▶ [WHAT YOU NEED TO DO]:
Since pictures are not wanted in the copy, output only the rest of each record exactly.

DATA SUPPLIED section start

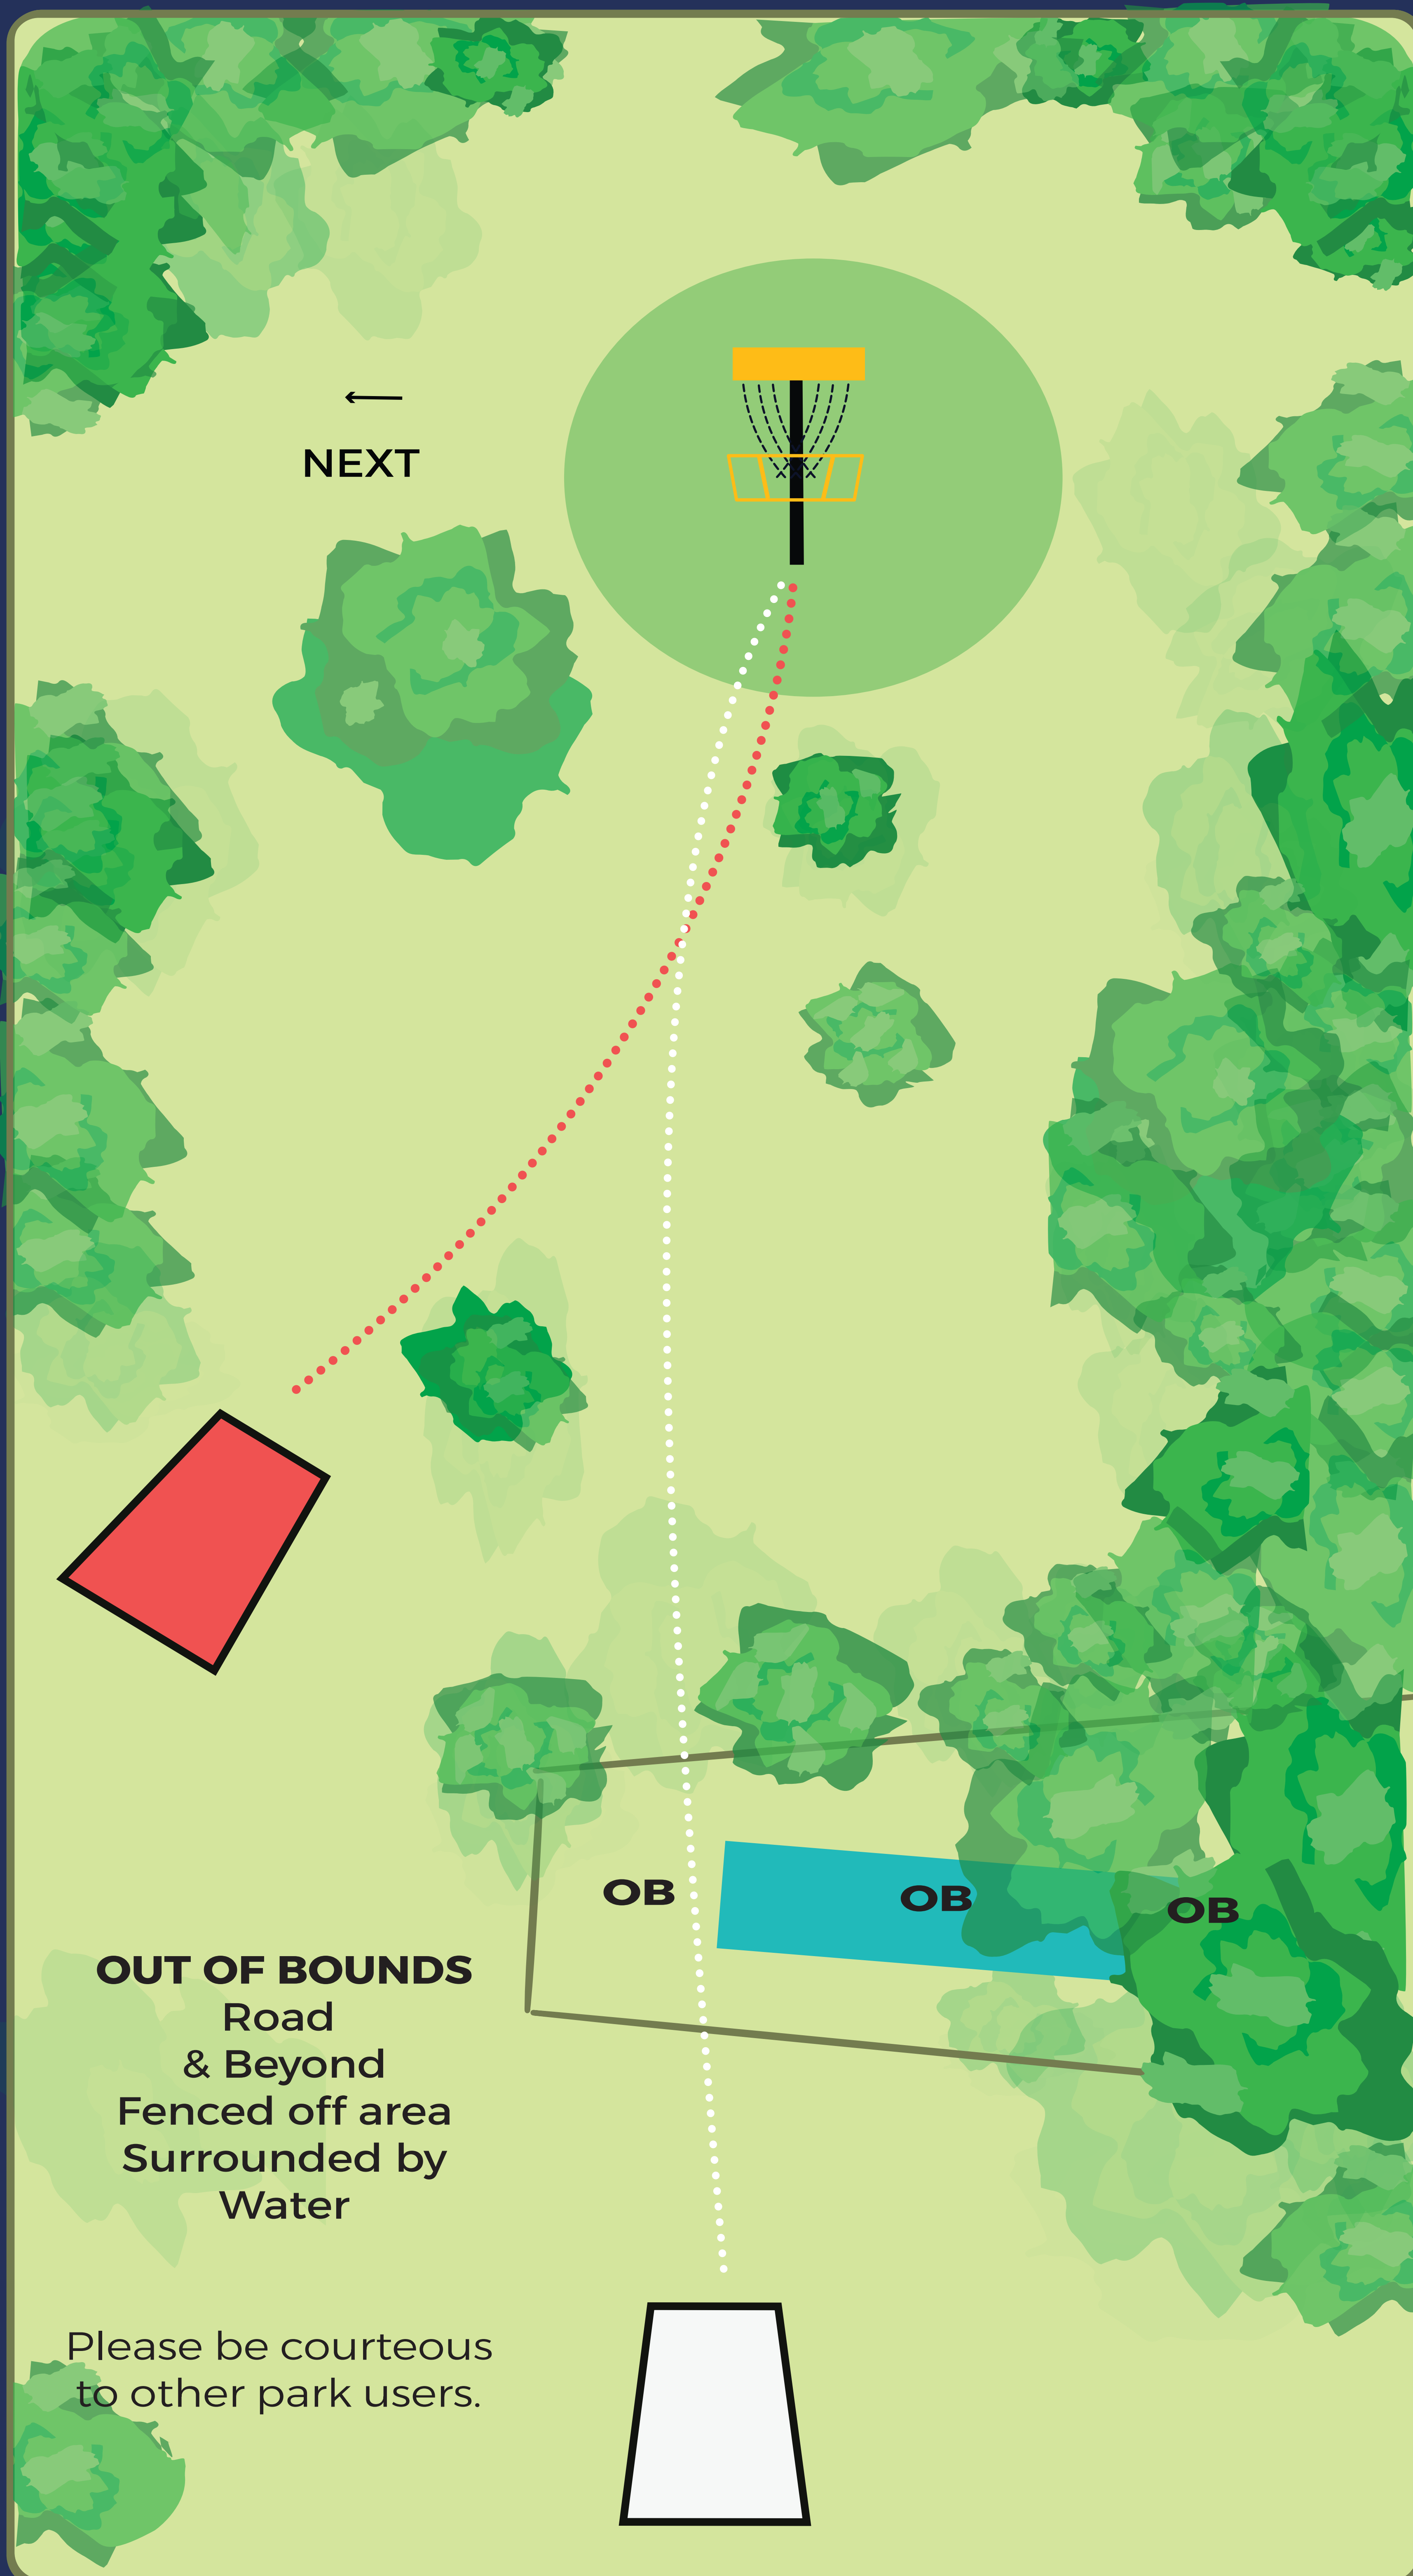

BARTHOLOMEW PARK

DISC GOLF COURSE

11

PAR 3
205 FT

PAR 3
330 FT

**PACK IT IN AND PACK IT OUT! SUPPORT
BARTHOLOMEW PARK DISC GOLF CLUB!
FIND OUT MORE →**
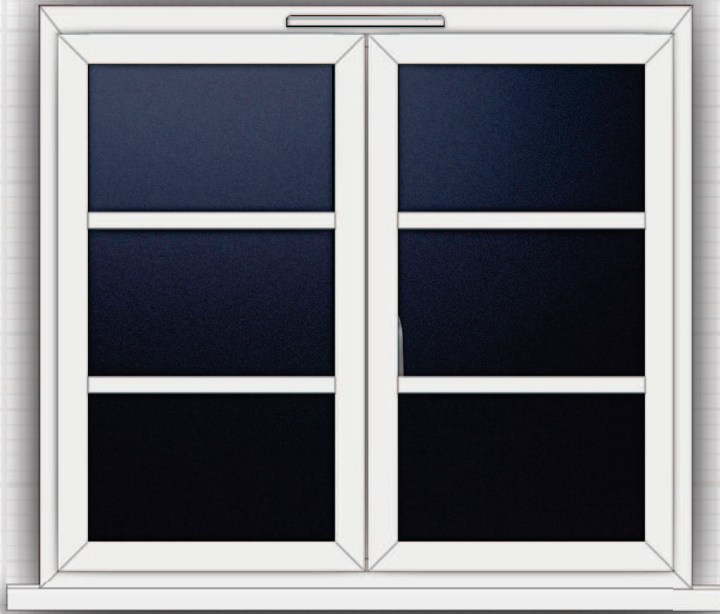

Quantity: 1

☀ Viewed from outside

💡 Viewed from inside

Aluminium Casement Window

Frame LRB:	Standard Square
Frame Top:	Large Square
Sash:	Slim Square
Mullion:	Standard Square
Bead:	Bevel
Cill:	95mm Cill
Astragal bar:	Small Square
Frame Joint Type:	Mitred
Transom/Mullion Joint Type:	Square
Sash Joint Type:	Mitred
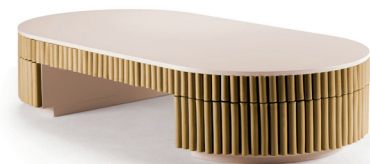

## center table

130 x 77 cm  
product sizes may vary up to 2 cm

package  
170 x 92x 40 cm

## materials

lacquered wood matte and mar di giava ceramic tiles

// as pictured

top - taupe lacquered wood

base - cloud mar di giava tiles

Our Nouvelle Vague collection is crafted using Portuguese handmade tiles, each tile is made with love in Portugal, using traditional techniques resulting in truly unique pieces. Each piece can vary in size up to 0.5mm, colors might vary slightly, and spacing between tiles may not always be the same. This is not a defect but a characteristics of a handmade product.

DATA SUPPLIED section end

▶ [WRITTEN REPLY]:
BARTHOLOMEW PARK

DISC GOLF COURSE

11

PAR 3
205 FT

PAR 3
330 FT

**PACK IT IN AND PACK IT OUT! SUPPORT
BARTHOLOMEW PARK DISC GOLF CLUB!
FIND OUT MORE →**

Quantity: 1

☀ Viewed from outside

💡 Viewed from inside

Aluminium Casement Window

Frame LRB:	Standard Square
Frame Top:	Large Square
Sash:	Slim Square
Mullion:	Standard Square
Bead:	Bevel
Cill:	95mm Cill
Astragal bar:	Small Square
Frame Joint Type:	Mitred
Transom/Mullion Joint Type:	Square
Sash Joint Type:	Mitred

## center table

130 x 77 cm  
product sizes may vary up to 2 cm

package  
170 x 92x 40 cm

## materials

lacquered wood matte and mar di giava ceramic tiles

// as pictured

top - taupe lacquered wood

base - cloud mar di giava tiles

Our Nouvelle Vague collection is crafted using Portuguese handmade tiles, each tile is made with love in Portugal, using traditional techniques resulting in truly unique pieces. Each piece can vary in size up to 0.5mm, colors might vary slightly, and spacing between tiles may not always be the same. This is not a defect but a characteristics of a handmade product.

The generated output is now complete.